The fact that even the operators without any expertise and experience in dental implant placement achieved acceptable results regarding TA can be explained by the use of technical guidance through demonstrating a training video. In this case the use of such an animated video tutorial, which demonstrates the complex process steps of the static navigation system, seems to be a proven training tool even for people outside the field or inexperienced operators. At this point, further investigation is recommended, especially on the part of the responsible manufacturers and providers of static navigation systems. Providing the instruction as an animated video tutorial could guide the experienced but also inexperienced surgeon before and during intra-operative use and could provide additional safety.

Observed complications

Axial deviations can be caused by different reasons. Firstly, it was observed that the surgical template could tilt and rotate during use, which can lead to a deviating angle and thus negatively influence the TA. This phenomenon was observed in all of the three groups during the operator trials performed. On the other hand, the phenomenon of fit tolerances between the sleeves and drill handles discussed by Cassetta et al. (2015) can significantly influence the TA [35]. Significantly larger angular deviations of the implant axis were found for the inserted implants in the free-end situation compared to the inter-dental gap situation.
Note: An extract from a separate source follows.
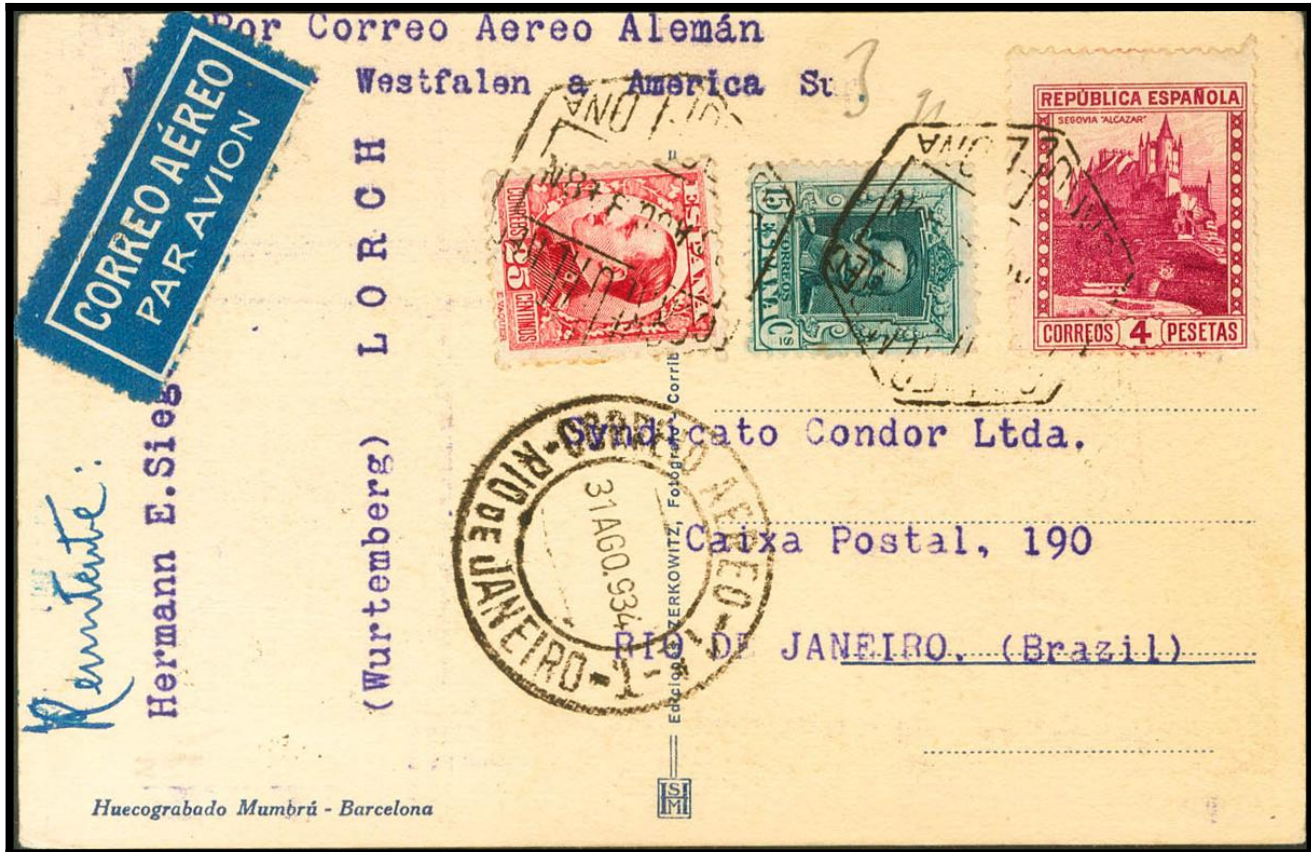

# Lote: 915

## Subasta Online Sellos España y Colonias #98

SOBRE 674, 315, 495. 1934. 4 pts lila, 15 cts azul verdoso y 25 cts carmín. Tarjeta Postal por Correo Aéreo CATAPULTADO DESDE EL VAPOR ALEMÁN WESTFALEN de BARCELONA a RIO DE JANEIRO (BRASIL). En el frente indicación "Por Correo Aéreo Alemán Westfalen a América Sr". MAGNIFICA Y RARISIMA, SE TRATA DE UNO DE LOS PRIMEROS VUELOS CATAPULTADOS DE ESPAÑA, MUY POCAS CONOCIDAS.

The difference was statistically significant in all three groups of operators (p˂0.05). This significantly different TA can be explained by the intrinsic mobility and especially caused by the extension of the drill template. Whereas the drill template could be supported mesially and distally by teeth in the inter-dental gap situation in region 15, the drill template tended to descend distally in the unilateral free-end situation in region 26. This confirms the results of Toyoshima et al. (2015) and Naziri et al. (2016) that extensive unsupported drill templates in free-end situations may tilt apically and thus have an influence on the TA [36, 37] (Fig. 6).

Fig. 6
figure 6

- A: The template does not rest basally in the distal area of the free-end situation. B: Representation of the rotation axis (a) and lever with force (b). C: The template in correct position leads to a correct implant position (blue implant). D: Force ‘F’ exerted on the template results in tilting effect. As a result, the template is no longer seated in the correct position, which leads to a deviated implant position (red implant)

The mechanism of tilting can be counteracted by actively holding the template in the correct position during use, e.g. by applying finger pressure to the tooth-supported area. However, this method requires a certain level of expertise and practical experience on the part of the user. Due to the experience level it was assumed that the group DOC would achieve a higher TA on these parameters than the test groups. However, this assumption could not be confirmed by the results.

Conclusion

The present in vitro results showed no statistically significant differences between the control group DOC and the test groups TEC and OFC regarding transfer accuracy at all four deviation parameters investigated (p˃0.05).

In the present in vitro study, clinical expertise and practical experience had no significant effect on transfer accuracy.

However, it is important to emphasize that the present results were obtained in a highly controlled in vitro experimental set up investigating only single procedures of a specific guided surgery workflow and therefore the clinical relevance needs to be critically discussed.